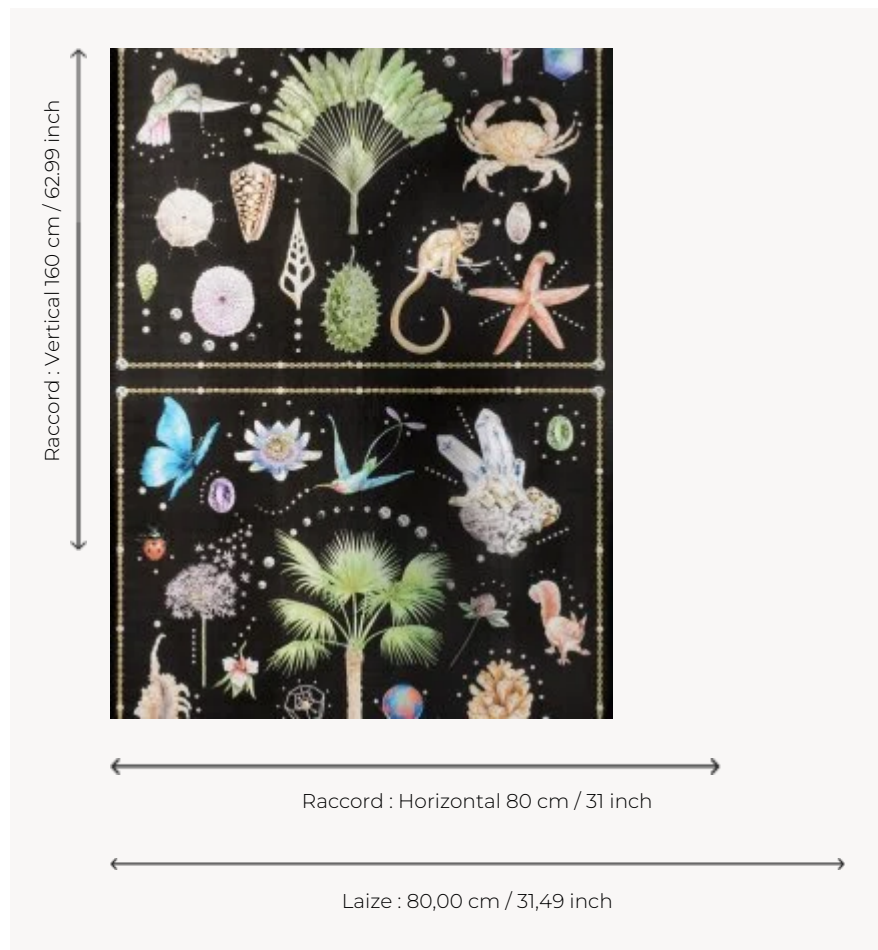

## FP589001 CURIOSITIES

Like a cabinet of curiosities, a variety of hand-painted designs wind around a central tree. The overall composition recalls a silk scarf.

### FP589001 - Nocturne

### Pierre Frey

|                         |  |
|-------------------------|--|
| <b>TYPE</b>             | Small width printed wallpapers   |
| <b>ARTIST</b>           | Florence Gendre  |
| <b>SALES UNIT</b>       | Available per meter/yard   |
| <b>BACKING</b>          | NON WOVEN  |
| <b>COMPOSITION</b>      | 100 % Non-woven  |
| <b>WIDTH</b>            | 80 cm / 31,49 inch   |
| <b>REPEAT</b>           | H: 80 cm - 31,00 inch<br>V: 160 cm - 62,99 inch<br>Half drop repeat                  |
| <b>WEIGHT</b>           | 180 gr / m <sup>2</sup>  |
| <b>CARE</b>             |  |
| <b>TRIMMING</b>         | Trimmed  |
| <b>HANGING/REMOVING</b> | Paste the wall<br>Wet removable  |
| <b>NOTES</b>            | Good lightfastness   |

# 1 Colors

FP589001  
Nocturne
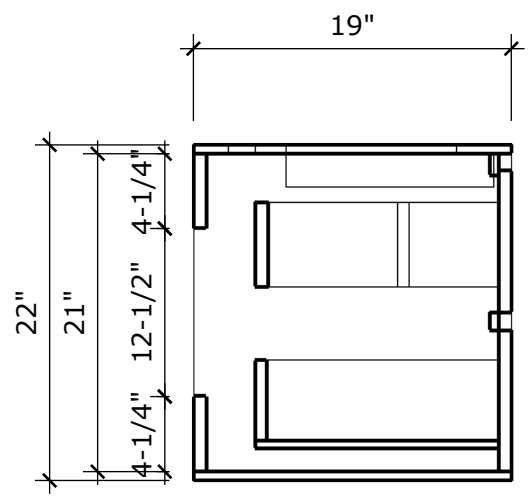

MODEL NAME: MC 1200J
PERSPECTIVE

PLAN

FRONT ELEVATION

SIDE ELEVATION

SECTION CUT

BACK VIEW

MODEL NAME: MC 1200J

TOP DRAWER
U-SHAPE INSERT

BOTTOM DRAWER
FULL DRAWER
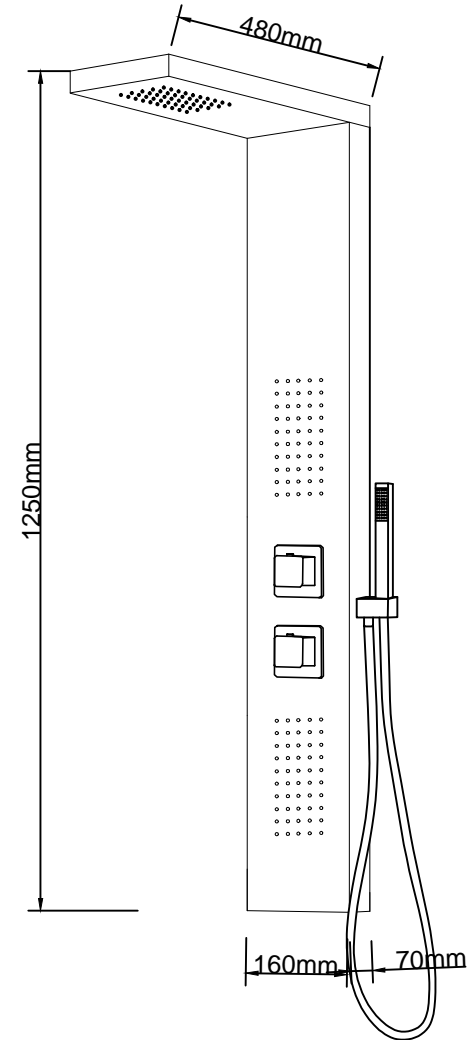

shower panel

MODEL : ID-870

PaGE 1

PaGE 3

No.	Description	QTY
A		1
B		4
C		1
D		1
E		4
F		4
G		2
H		4
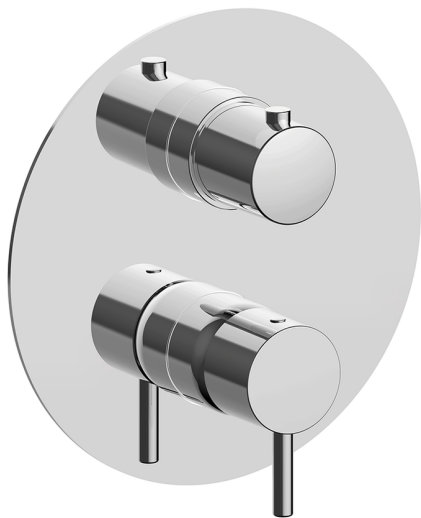

Exposed part for Single Lever One Box Valve SLIM_SM0BM030

MODEL **SM0BM030**

Exposed part for Single Lever One Box Valve, with 2-3 outlet diverter, Minimum depth of installation: 67 mm, without concealed part, for items ZA00B030-ZA00B031

AVAILABLE FINISHINGS

-  **21** 21 Chrome
-  **2B** 2B Polished Nickel
-  **40** 40 Matt Black
-  **4Q** 4Q Matt White

CHARACTERISTICS

Cartridge Spare Parts **ZZ97179000**

35 mm Cartridge

Installation **Concealed**

Required concealed parts **ZA00B031**

ZA00B030

Exposed part for Single Lever One Box Valve SLIM_SM0BM030

SM0BM030

<https://en.cisal.it/exposed-part-for-single-lever-one-box-valve-slim-sm0bm030>

One Box Universal Concealed Part ONE BOX_ZA00B031

MODEL **ZA00B031**

One Box Universal Concealed Part, for 1, 2 or 3 outlet thermostatic or single lever, without trim kit, with noise reducers, with sealing gasket

AVAILABLE FINISHINGS

 **04** 04 Without finishing

──────────

**What you will do**
Return all the data exactly, and keep the pictures out.

**Worked solution**
## FP589001 CURIOSITIES

Like a cabinet of curiosities, a variety of hand-painted designs wind around a central tree. The overall composition recalls a silk scarf.

### FP589001 - Nocturne

### Pierre Frey

|                         |  |
|-------------------------|--|
| <b>TYPE</b>             | Small width printed wallpapers   |
| <b>ARTIST</b>           | Florence Gendre  |
| <b>SALES UNIT</b>       | Available per meter/yard   |
| <b>BACKING</b>          | NON WOVEN  |
| <b>COMPOSITION</b>      | 100 % Non-woven  |
| <b>WIDTH</b>            | 80 cm / 31,49 inch   |
| <b>REPEAT</b>           | H: 80 cm - 31,00 inch<br>V: 160 cm - 62,99 inch<br>Half drop repeat                  |
| <b>WEIGHT</b>           | 180 gr / m <sup>2</sup>  |
| <b>CARE</b>             |  |
| <b>TRIMMING</b>         | Trimmed  |
| <b>HANGING/REMOVING</b> | Paste the wall<br>Wet removable  |
| <b>NOTES</b>            | Good lightfastness   |

# 1 Colors

FP589001  
Nocturne

MODEL NAME: MC 1200J
PERSPECTIVE

PLAN

FRONT ELEVATION

SIDE ELEVATION

SECTION CUT

BACK VIEW

MODEL NAME: MC 1200J

TOP DRAWER
U-SHAPE INSERT

BOTTOM DRAWER
FULL DRAWER

shower panel

MODEL : ID-870

PaGE 1

PaGE 3

No.	Description	QTY
A		1
B		4
C		1
D		1
E		4
F		4
G		2
H		4

Exposed part for Single Lever One Box Valve SLIM_SM0BM030

MODEL **SM0BM030**

Exposed part for Single Lever One Box Valve, with 2-3 outlet diverter, Minimum depth of installation: 67 mm, without concealed part, for items ZA00B030-ZA00B031

AVAILABLE FINISHINGS

-  **21** 21 Chrome
-  **2B** 2B Polished Nickel
-  **40** 40 Matt Black
-  **4Q** 4Q Matt White

CHARACTERISTICS

Cartridge Spare Parts **ZZ97179000**

35 mm Cartridge

Installation **Concealed**

Required concealed parts **ZA00B031**

ZA00B030

Exposed part for Single Lever One Box Valve SLIM_SM0BM030

SM0BM030

<https://en.cisal.it/exposed-part-for-single-lever-one-box-valve-slim-sm0bm030>

One Box Universal Concealed Part ONE BOX_ZA00B031

MODEL **ZA00B031**

One Box Universal Concealed Part, for 1, 2 or 3 outlet thermostatic or single lever, without trim kit, with noise reducers, with sealing gasket

AVAILABLE FINISHINGS

 **04** 04 Without finishing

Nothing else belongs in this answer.